- What the task asks:
Only the pictures are to be omitted; everything else in the listing must be reproduced exactly.

- Dataset excerpts:
--

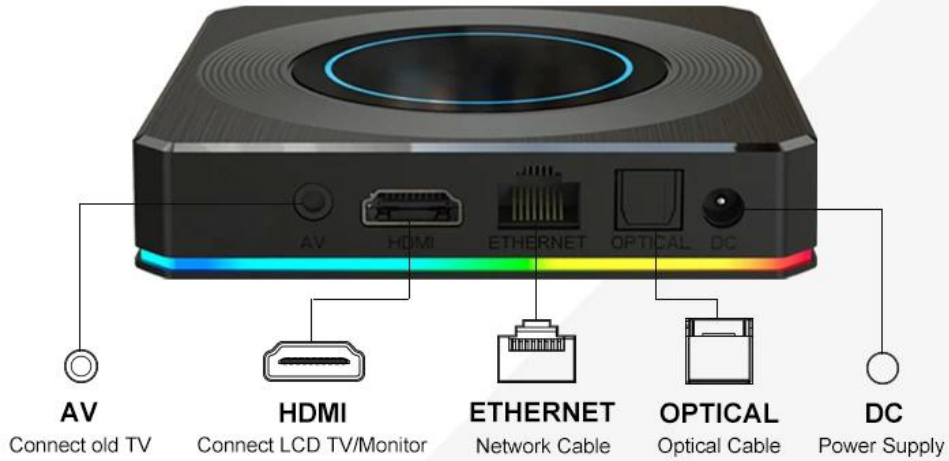

Various interfaces such as HDMI, LAN, USB, etc. which bring you a smart and colorful enjoyment.

Package Contents

Power Supply*1

HD data cable*1

User Manual*1

Remote Control*1

Откройте для себя будущее развлечений с нашей ТВ-приставкой, оснащенной новейшим четырехъядерным процессором Amlogic S905X4 и работающей под управлением Android 11. Эта ТВ-приставка, созданная для обеспечения непревзойденной производительности и универсальности, превратит вашу гостиную в мощный мультимедийный центр.

--

- Result for this exercise:
Various interfaces such as HDMI, LAN, USB, etc. which bring you a smart and colorful enjoyment.

Package Contents

Power Supply*1

HD data cable*1

User Manual*1

Remote Control*1

Откройте для себя будущее развлечений с нашей ТВ-приставкой, оснащенной новейшим четырехъядерным процессором Amlogic S905X4 и работающей под управлением Android 11. Эта ТВ-приставка, созданная для обеспечения непревзойденной производительности и универсальности, превратит вашу гостиную в мощный мультимедийный центр.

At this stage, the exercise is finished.